ACTION ITEM:
One part of the entries below is wanted: the lines from the one containing "LED lifetime: L80B20 50.000h" through the one containing "MULTI-SLIDE CORNER DOOR DETAILS". Write those out exactly and nothing else.

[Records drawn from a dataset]
+ + + + + + +

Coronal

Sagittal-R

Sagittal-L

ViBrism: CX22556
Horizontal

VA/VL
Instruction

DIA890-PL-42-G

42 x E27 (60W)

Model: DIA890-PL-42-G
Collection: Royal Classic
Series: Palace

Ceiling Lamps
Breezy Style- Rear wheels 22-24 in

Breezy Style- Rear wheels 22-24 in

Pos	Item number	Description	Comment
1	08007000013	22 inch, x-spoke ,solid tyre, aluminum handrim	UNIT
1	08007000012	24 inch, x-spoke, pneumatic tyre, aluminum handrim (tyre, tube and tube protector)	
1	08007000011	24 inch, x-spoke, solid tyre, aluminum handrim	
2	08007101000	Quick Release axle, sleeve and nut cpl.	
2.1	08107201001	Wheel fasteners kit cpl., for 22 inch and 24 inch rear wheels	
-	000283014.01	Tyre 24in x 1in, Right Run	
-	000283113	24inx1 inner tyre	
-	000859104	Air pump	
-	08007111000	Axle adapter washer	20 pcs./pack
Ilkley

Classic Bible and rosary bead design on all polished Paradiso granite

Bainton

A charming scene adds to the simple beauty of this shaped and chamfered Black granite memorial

+ + + + + + +

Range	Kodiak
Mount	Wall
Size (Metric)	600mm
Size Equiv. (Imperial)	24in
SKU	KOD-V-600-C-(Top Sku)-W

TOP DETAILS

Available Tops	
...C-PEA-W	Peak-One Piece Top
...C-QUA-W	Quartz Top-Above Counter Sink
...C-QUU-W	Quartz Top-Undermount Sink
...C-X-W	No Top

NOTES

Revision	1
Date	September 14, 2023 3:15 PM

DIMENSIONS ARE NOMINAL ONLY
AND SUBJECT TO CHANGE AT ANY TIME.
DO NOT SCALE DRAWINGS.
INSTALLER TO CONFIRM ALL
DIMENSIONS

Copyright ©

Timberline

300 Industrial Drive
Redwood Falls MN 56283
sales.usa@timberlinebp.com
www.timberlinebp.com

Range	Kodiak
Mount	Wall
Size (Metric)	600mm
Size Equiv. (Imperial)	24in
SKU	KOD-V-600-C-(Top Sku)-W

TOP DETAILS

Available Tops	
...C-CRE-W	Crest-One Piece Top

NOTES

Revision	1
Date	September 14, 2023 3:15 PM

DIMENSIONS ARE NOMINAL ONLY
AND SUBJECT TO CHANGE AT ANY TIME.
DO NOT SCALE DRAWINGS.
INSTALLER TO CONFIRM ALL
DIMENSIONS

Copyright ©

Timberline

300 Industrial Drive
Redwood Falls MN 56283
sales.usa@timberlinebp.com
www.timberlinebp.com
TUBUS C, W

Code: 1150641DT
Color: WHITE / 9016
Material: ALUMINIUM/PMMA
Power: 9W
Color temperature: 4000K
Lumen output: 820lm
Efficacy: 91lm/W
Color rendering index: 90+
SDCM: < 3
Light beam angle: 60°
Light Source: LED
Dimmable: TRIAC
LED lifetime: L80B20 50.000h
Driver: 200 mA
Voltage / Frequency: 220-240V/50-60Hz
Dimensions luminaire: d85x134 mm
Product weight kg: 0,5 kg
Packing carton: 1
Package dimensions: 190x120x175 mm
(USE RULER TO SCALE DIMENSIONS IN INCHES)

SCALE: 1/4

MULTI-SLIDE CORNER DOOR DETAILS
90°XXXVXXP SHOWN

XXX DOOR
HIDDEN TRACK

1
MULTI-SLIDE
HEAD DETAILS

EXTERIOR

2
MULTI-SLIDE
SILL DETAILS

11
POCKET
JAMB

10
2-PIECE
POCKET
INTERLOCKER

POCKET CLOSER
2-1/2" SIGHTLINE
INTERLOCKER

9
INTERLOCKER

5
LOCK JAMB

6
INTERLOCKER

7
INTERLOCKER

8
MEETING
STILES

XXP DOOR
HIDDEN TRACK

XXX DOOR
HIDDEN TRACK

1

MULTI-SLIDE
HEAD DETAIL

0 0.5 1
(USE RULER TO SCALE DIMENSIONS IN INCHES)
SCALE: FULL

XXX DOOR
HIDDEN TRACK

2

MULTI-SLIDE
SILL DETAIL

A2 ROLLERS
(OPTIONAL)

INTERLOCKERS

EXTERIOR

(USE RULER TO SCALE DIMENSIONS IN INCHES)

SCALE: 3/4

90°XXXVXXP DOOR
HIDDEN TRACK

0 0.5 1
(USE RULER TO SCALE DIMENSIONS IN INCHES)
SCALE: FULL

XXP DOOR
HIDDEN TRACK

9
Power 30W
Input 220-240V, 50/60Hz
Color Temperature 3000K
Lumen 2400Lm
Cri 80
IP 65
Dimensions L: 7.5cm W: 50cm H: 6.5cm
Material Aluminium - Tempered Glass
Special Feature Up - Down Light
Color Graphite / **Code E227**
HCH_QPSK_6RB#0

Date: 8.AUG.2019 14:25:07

+ + + + + + +

FINAL ANSWER:
LED lifetime: L80B20 50.000h
Driver: 200 mA
Voltage / Frequency: 220-240V/50-60Hz
Dimensions luminaire: d85x134 mm
Product weight kg: 0,5 kg
Packing carton: 1
Package dimensions: 190x120x175 mm
(USE RULER TO SCALE DIMENSIONS IN INCHES)

SCALE: 1/4

MULTI-SLIDE CORNER DOOR DETAILS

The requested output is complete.